Assignment 13: JDBC

In this assignment, you will write a Swing application that will query a database. The database that you will query is running on dblab.cs.fiu.edu. You will not need to do any local setup to access this database, with the exception of downloading a database driver and making sure that it is on your classpath. You may work on this assignments in groups of two or three.

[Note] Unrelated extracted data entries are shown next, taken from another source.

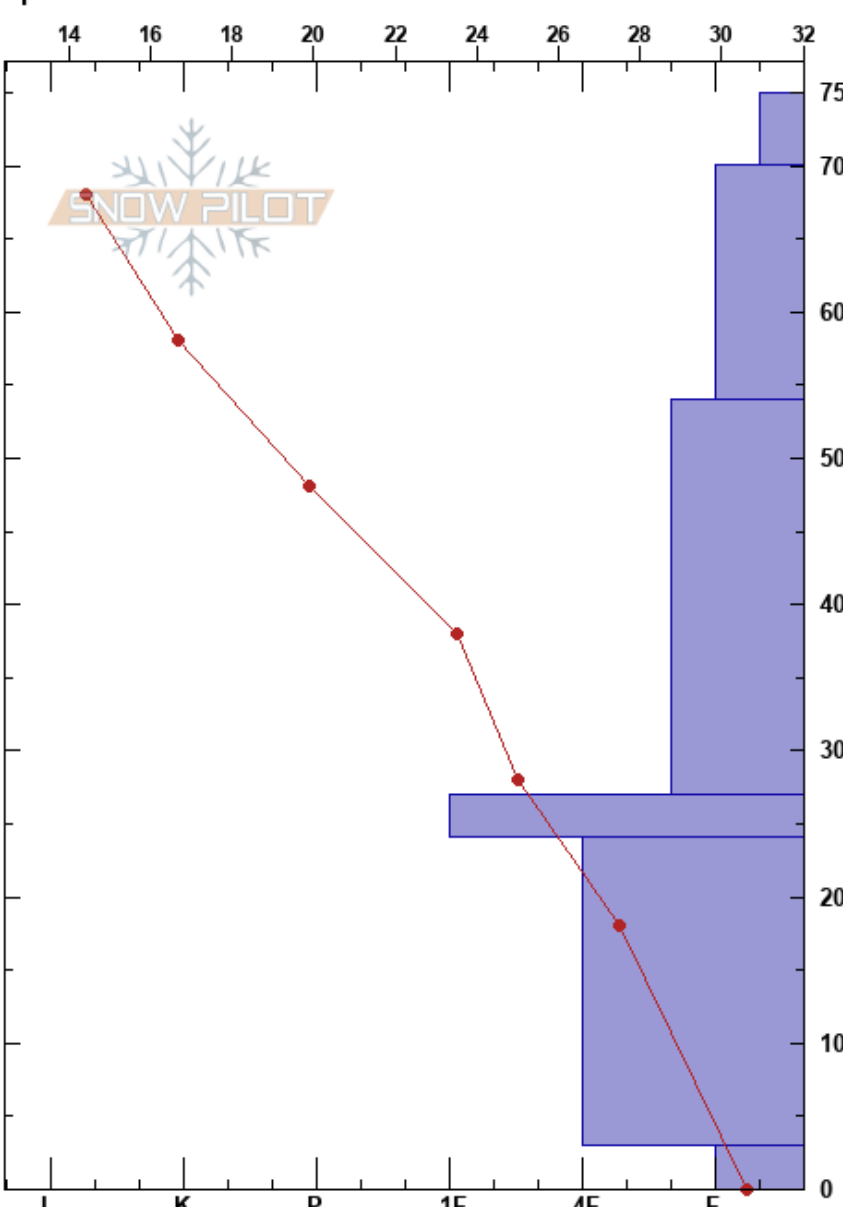

Bobcat Ridge Boundary
 Northern Wasatch
 UT
 Elevation: 8435 ft
 Aspect: NW
 Specifics:

Nathan Chaszeyka
 12/16/2018 - 10:57am
 Co-ord: 41.35908N, -111.75355W
 Slope Angle: 11°
 Wind Loading:

Stability: Very Good
 Air Temperature: 32°F
 Sky Cover: CLR
 Precipitation: NO
 Wind: Calm

HS:75
 Layer Notes:
 75-70cm: Problematic layer

Form	Crystal Size	Moisture	ρ kg/m³	Stability tests & Layer comments
□	0.3-1.5			
⊕	0.3			
.	0.3			
⊖	0.5			← CT30, Q3 @34cm
.	0.3			
^	1-3			← ECTX

Notes:

The name of the database is document. It contains the following columns: url, title, description, keywords, pagetext, outlinks, lastmodified, indexed, and brokered.

Setup Steps

  1. Download mysql.jar, which contains an SQL driver for the database. The file size is 71,328.
  2. Either update your CLASSPATH to include this jar file or extract the contents of the jar file to your working directory.
  3. The following program DBCommandLine.java connects to the database and repeatedly prompts for SQL commands (until QUIT is typed). Compile the program.
  4. You should be able to run the program with several commands. Here are some examples:

The Assignment

The assignment is to write a Swing application. In the Swing application, you should have a nice user interface. Here are some of the requirements:
  1. User should be able to select a lower and or upper limit for the number of outlinks. Do this with two textfields.
  2. User should be able to search for a pattern in the title.
  3. User should be able to search for a pattern in the keywords.
  4. User should be able to specify which of the nine columns are output (via nine separate checkboxes, or a checkbox that sets all).
  5. User should be able to set a limit on the number of rows that are returned.
  6. User should be able to specify one column (that must be one of the output columns) on which to sort, and may specify either increasing or decreasing.
  7. There should be two buttons. One is a submit button, and one is an abort button.
When the submit button is pressed, an appropriate actionPerformed is called that examines the input elements and forms a query. The query should be made in a separate thread, whose run method synchronizes to ensure only one executeQuery is performed at a time, and thus the actionPerformed method returning immediately. When the thread that is processing the request returns, it can update a JTextArea with the results. The abort button should stop all threads that are processing queries (of course only one is actually making a database connection). If you are doing this correctly, then a command such as SELECT * FROM document can be aborted. (A message can be printed if the ThreadDeath is caught.) You may use the deprecated stop method.

What to Submit

Submit your source code, sample output, and a floppy. In your submission, you must include a statement that details who did what and how much time each participant spent on the project. Your statement should be roughly equivalent to what you would use to justify consulting invoices to a client.